We performed sensitivity analyses by 1) excluding original studies within each meta‐analysis that had a high risk of bias as rated by the Newcastle‐Ottawa Scale (NOS), and 2) excluding original studies within each meta‐analysis with small sample sizes (< 25th percentile) [37], and 3) analyses restricted to cohort studies (prospective and retrospective) to assess the potential influence of temporality and reverse causation.
All statistical analyses were performed using the “meta” (Version 6.5.0) and “metaumbrella” (Version 1.0.6) packages in R (The R Foundation, Vienna, Austria) [38, 39].
Results
3
Study Selection
3.1
The database searches yielded 4009 Results (Figure 1). After duplicate removal, two reviewers (M.W. and P.K.) independently screened 2524 publication titles and abstracts and assessed 41 full‐text publications. After full‐text review, 21 SRMAs were included in the umbrella review (Appendix C). A bibliography of excluded full‐text articles with reasons (commonly incorrect exposure, outcomes or study design) is included in Appendix D.
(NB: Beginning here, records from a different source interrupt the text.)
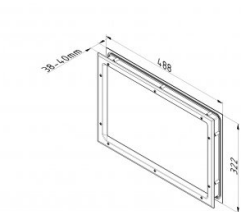

840616

Fenêtre acrylique, effet bois noir "verre scellés"

Unité	Pièce
Boîte	8
Palette	256
Poids (kg)	1,46

Description du produit

Dimensions de la vue (bxh): 424 x 258 mm.

Dimensions de coupe (bxh): 466 x 300 mm.

La fenêtre se compose d'un cadre extérieur avec du verre PMMA collé de 2 mm, qui est complètement scellé.

La condensation ou la pénétration de poussière n'est pas possible.

Joint en butyle pour des irrégularités max. de 0,5 mm.

Une plus grande inégalité (c.-à-d. Un panneau avec des bosses) nécessitera plus.

Matériau du cadre: polystyrène, noir.

Informations techniques

Couleur	Noir
Domaine d'application	Portes industrielles
Couple de serrage vis	1.6
Épaisseur de panneau (mm)	40
Dimension	300*466/258*424
Finition matérielle	Polypropyleen - grained
Glazing	PMMA Sealed
Type de fenêtre	Coins arrondis
Vis incluses	
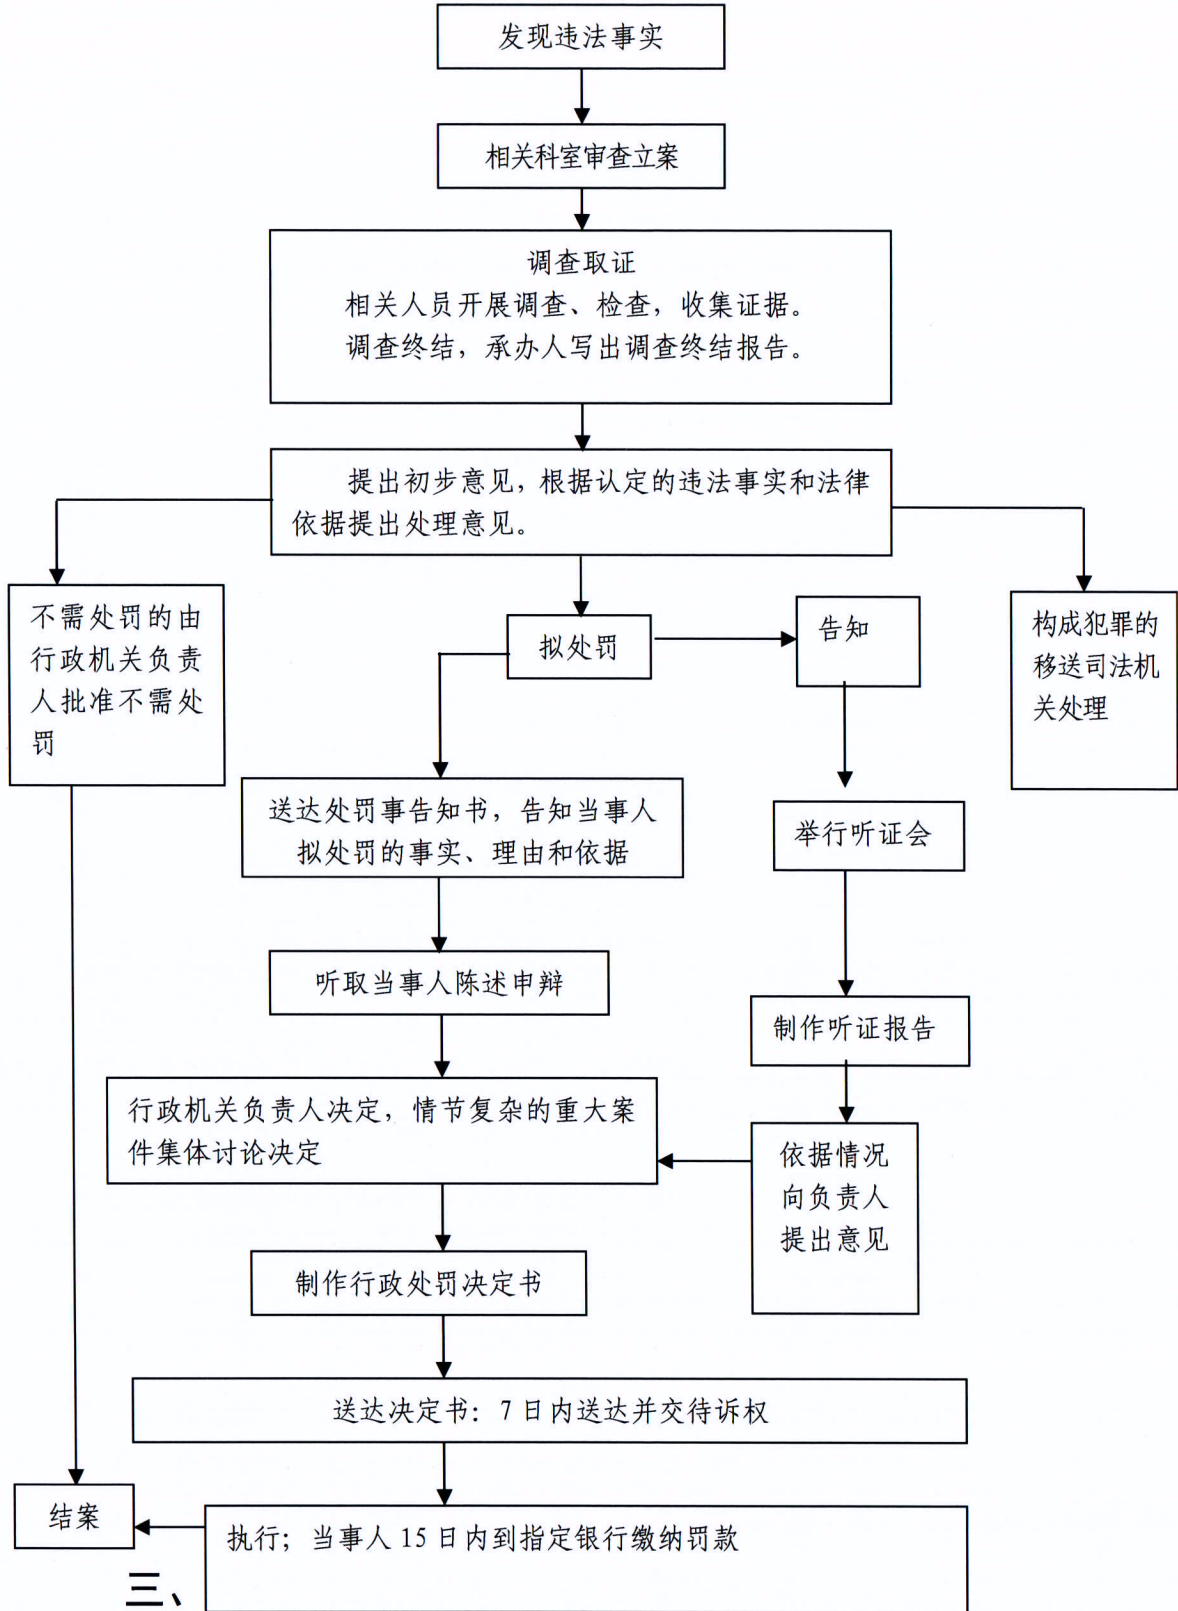

平顶山市卫东区统计局

卫东区统计局基本行政执法流程图

一、行政执法检查流程图（适用于行政强制）

二、行政处罚流程图

2021年12月8日

PRISMA flow diagram of the selection process of systematic reviews with meta‐analysis of metabolic syndrome and obesity‐related cancer risk and survival.
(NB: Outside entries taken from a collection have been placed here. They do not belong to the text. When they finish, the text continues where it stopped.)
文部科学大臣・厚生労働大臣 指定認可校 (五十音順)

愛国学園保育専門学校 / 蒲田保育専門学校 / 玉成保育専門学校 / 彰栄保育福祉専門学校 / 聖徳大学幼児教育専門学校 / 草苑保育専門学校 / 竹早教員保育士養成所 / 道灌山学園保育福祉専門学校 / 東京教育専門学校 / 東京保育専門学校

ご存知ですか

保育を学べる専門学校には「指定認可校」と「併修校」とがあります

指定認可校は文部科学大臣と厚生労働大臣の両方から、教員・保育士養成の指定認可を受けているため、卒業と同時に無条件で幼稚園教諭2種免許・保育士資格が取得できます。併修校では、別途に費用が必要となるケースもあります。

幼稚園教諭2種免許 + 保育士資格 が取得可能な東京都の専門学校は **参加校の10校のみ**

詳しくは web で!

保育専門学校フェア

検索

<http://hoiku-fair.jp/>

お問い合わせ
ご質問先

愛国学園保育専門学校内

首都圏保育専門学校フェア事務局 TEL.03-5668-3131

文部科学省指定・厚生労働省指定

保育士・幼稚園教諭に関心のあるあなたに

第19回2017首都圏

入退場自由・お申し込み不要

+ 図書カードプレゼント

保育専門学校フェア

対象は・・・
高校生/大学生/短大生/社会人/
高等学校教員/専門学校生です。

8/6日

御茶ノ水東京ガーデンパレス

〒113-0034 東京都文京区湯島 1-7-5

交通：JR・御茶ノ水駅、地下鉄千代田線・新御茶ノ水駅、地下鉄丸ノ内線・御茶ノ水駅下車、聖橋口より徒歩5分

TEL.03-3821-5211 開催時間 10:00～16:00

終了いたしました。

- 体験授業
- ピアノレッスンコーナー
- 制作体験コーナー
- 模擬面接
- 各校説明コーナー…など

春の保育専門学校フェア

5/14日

Study Characteristics (Table 2)
3.2
Together, the 21 SRMAs comprised a total of 98 original studies on MetS and ORC risk or survival [40, 41, 42, 43, 44, 45, 46, 47, 48, 49, 50, 51, 52, 53, 54, 55, 56, 57, 58, 59, 60]. Of the included SRMAs, 18 evaluated MetS with ORC risk, including a range of two to 43 original research studies [including cancers of postmenopausal breast (5), colorectum (5), liver (5), endometrium (3), thyroid (2), pancreas (1), ovary (1), kidney (1), and adenocarcinoma of the esophagus (1)]. Seven SRMAs evaluated MetS with ORC survival, with included survival studies ranging from two to 12 [including cancers of colorectum (6) and liver (1)]. Of these reviews, five evaluated ORC‐specific survival, and five evaluated overall survival.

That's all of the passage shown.